Task item: Copy all the lines of the data that include the word "SHOWER".

Materials provided:
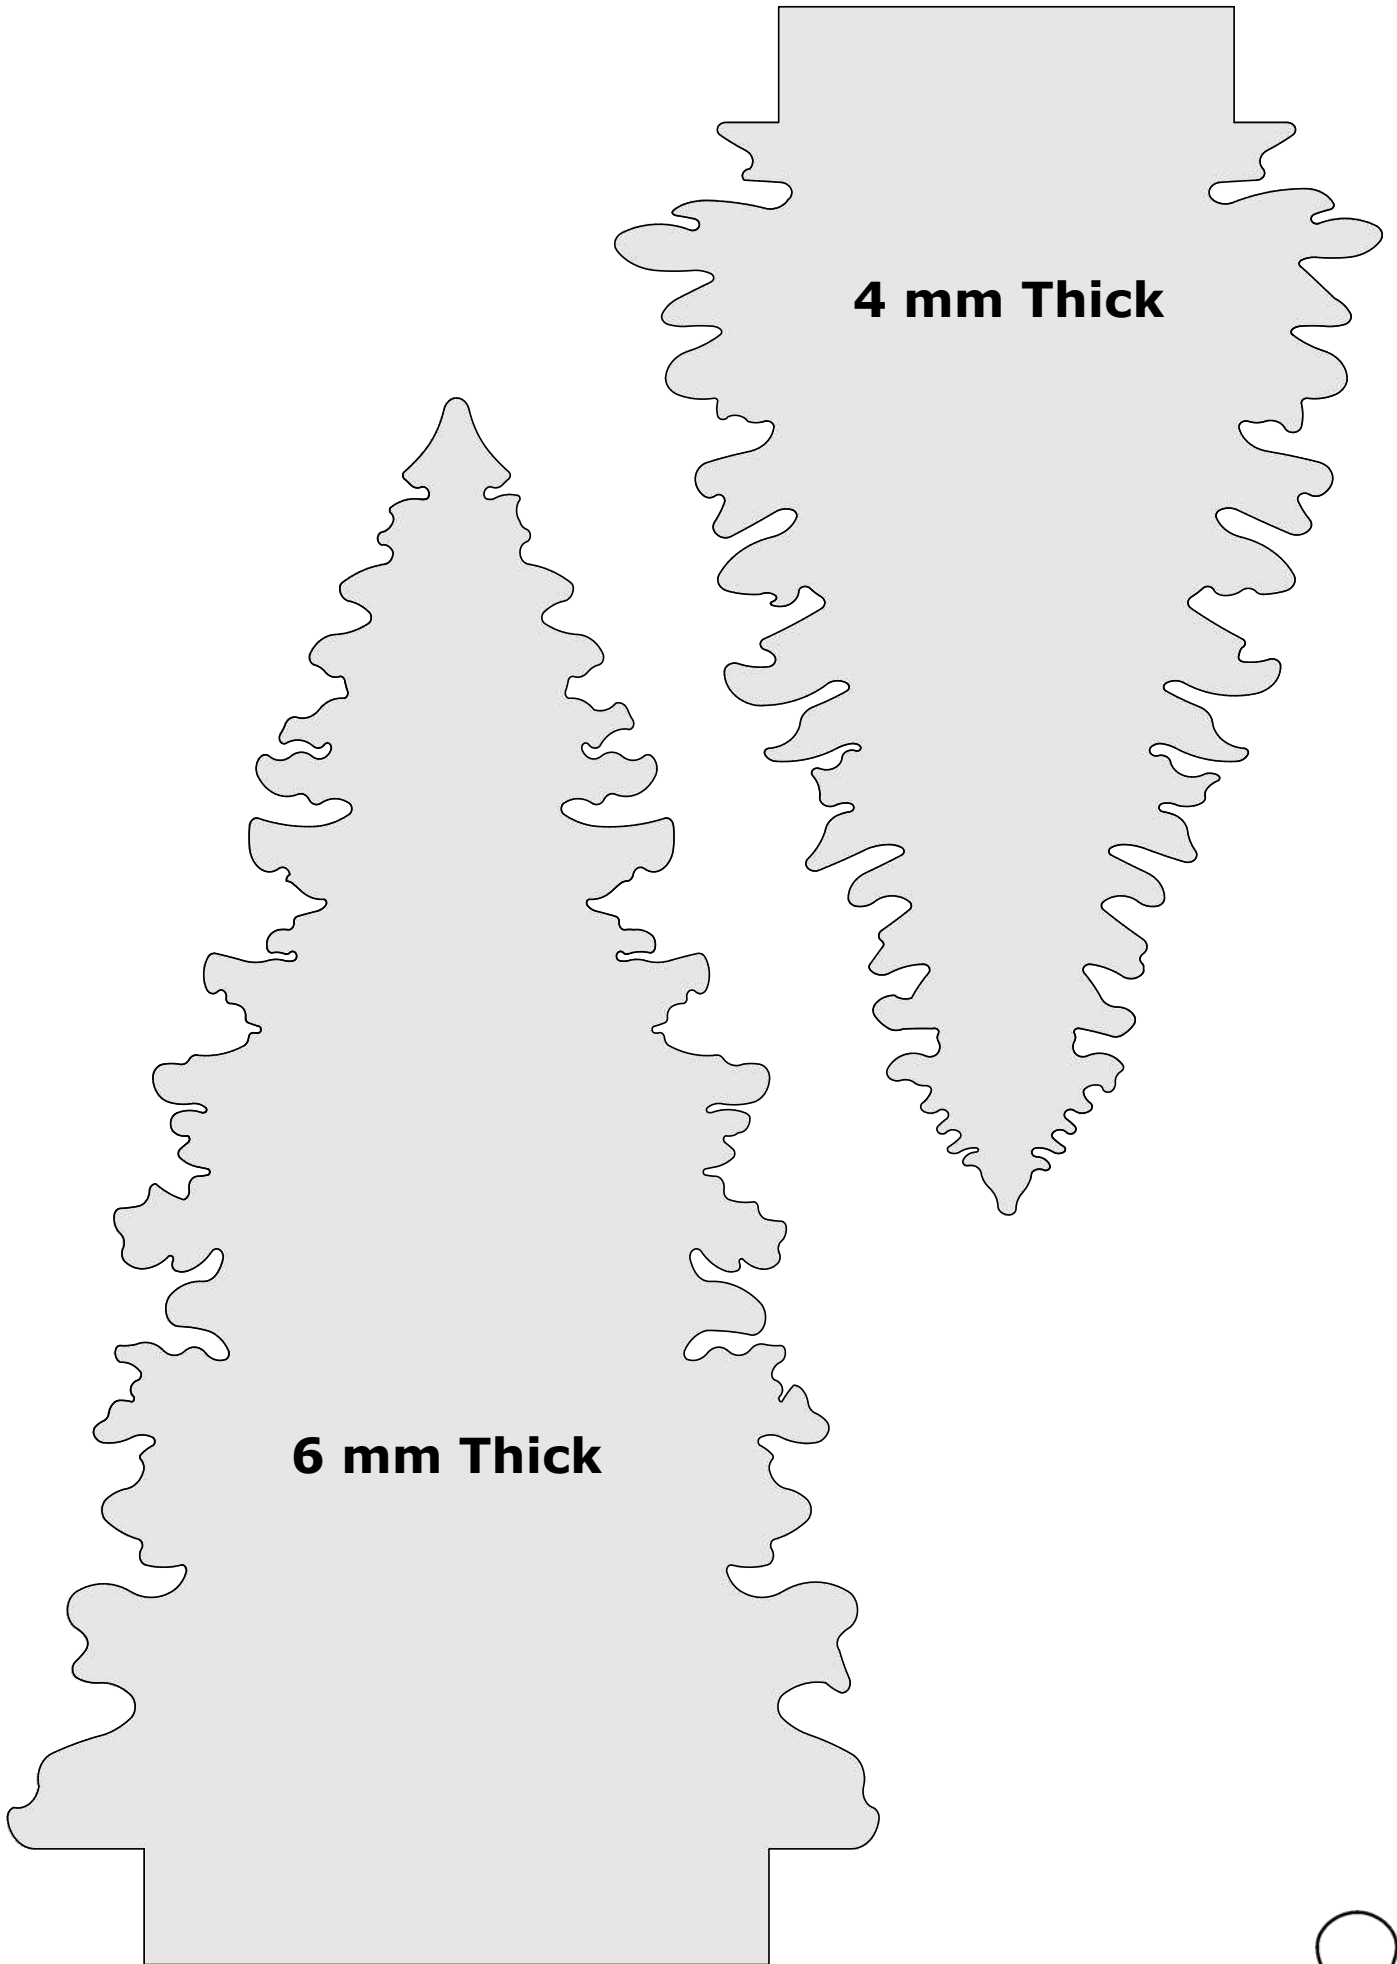

DM Idea

Scroll saw patterns & Woodworking plans

Christmas Trees

www.dmidea.eu

DM Idea -YouTube

danielmiskoidea@gmail.com

18 mm Thick

10 mm Thick

6 mm Thick

4 mm Thick
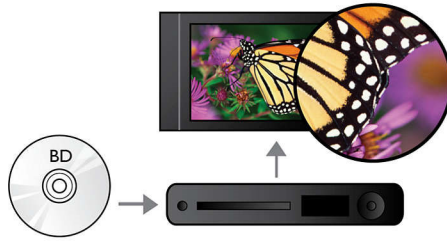

PHILIPS

Highlights

1080p at 24 fps

Bring true cinema experience into your living room with 24 frames-per-second video. Original films are all recorded at this frame rate, providing an ambience and image texture that is so unique. Philips Blu-ray Disc players are equipped to bring you 24fps directly from Blu-ray Discs - thus giving you sensational cinema-like high definition images that will astound you.

BD-Live (Profile 2.0)

BD-Live opens up your world of high definition even further. Receive up-to-date content just by connecting your Blu-ray Disc player to the internet. Exciting new things like exclusive downloadable content, live events, live chats, gaming and on-line shopping all await you. Ride the high definition wave with Blu-ray Disc playback and BD-Live

Blu-ray Disc playback

Blu-ray Discs have the capacity to carry high definition data, along with pictures in the 1920 x 1080 resolution that defines full high definition images. Scenes come to life as details leap at you, movements smoothen and images turn crystal clear. Blu-ray also delivers uncompressed surround sound - so your audio experience becomes unbelievably real. The high storage capacity of Blu-ray Discs also allow a host of interactive possibilities to be built in. Seamless navigation during playback and other exciting features like pop-up menus bring a whole new dimension to home entertainment.

Specifications

Picture/Display

- Picture enhancement: High Def (720p, 1080i, 1080p), Progressive scan

Sound

- Sound System: Dolby Digital Plus, Dolby Prologic II, Dolby True HD, DTS-HD Master Audio Essential
- Equalizer settings: Action, Classic, Concert, Drama, Gaming, Lounge, Rock, Sports
- Total Power (RMS): 1000 W
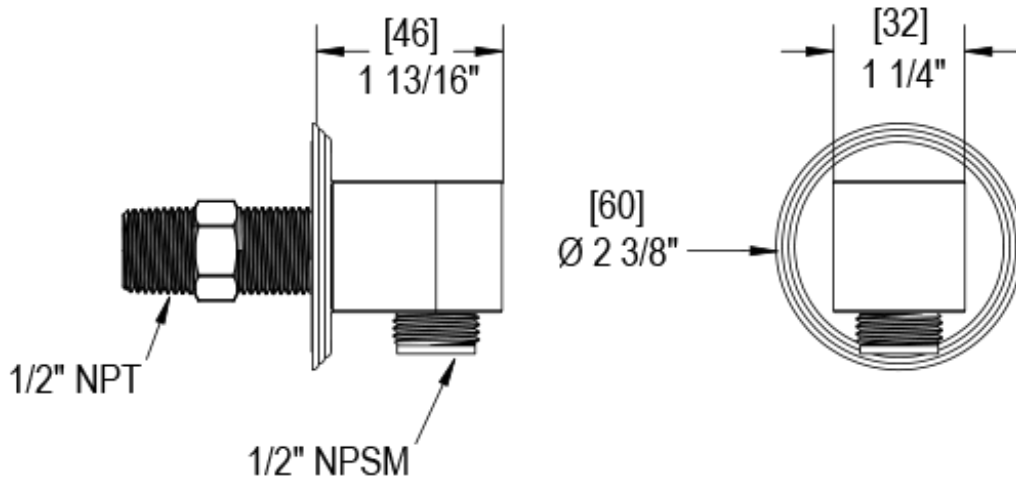

21ETLCHCH Specifications

TEMPERATURE CONTROL VALVE WITH STOPS & TWO WAY DIVERTER WITH SHUT-OFF TRIM ONLY

ADJUSTABLE SLIDE BAR WITH HAND HELD SHOWER ASSEMBLY

INTEGRAL SUPPLY WITH 1/2" NPT X 1/2" NPSM X 3" NIPPLE

8" SHOWER HEAD WITH WALL MOUNT 12" SHOWER ARM & FLANGE

Solved exercise:
ADJUSTABLE SLIDE BAR WITH HAND HELD SHOWER ASSEMBLY
8" SHOWER HEAD WITH WALL MOUNT 12" SHOWER ARM & FLANGE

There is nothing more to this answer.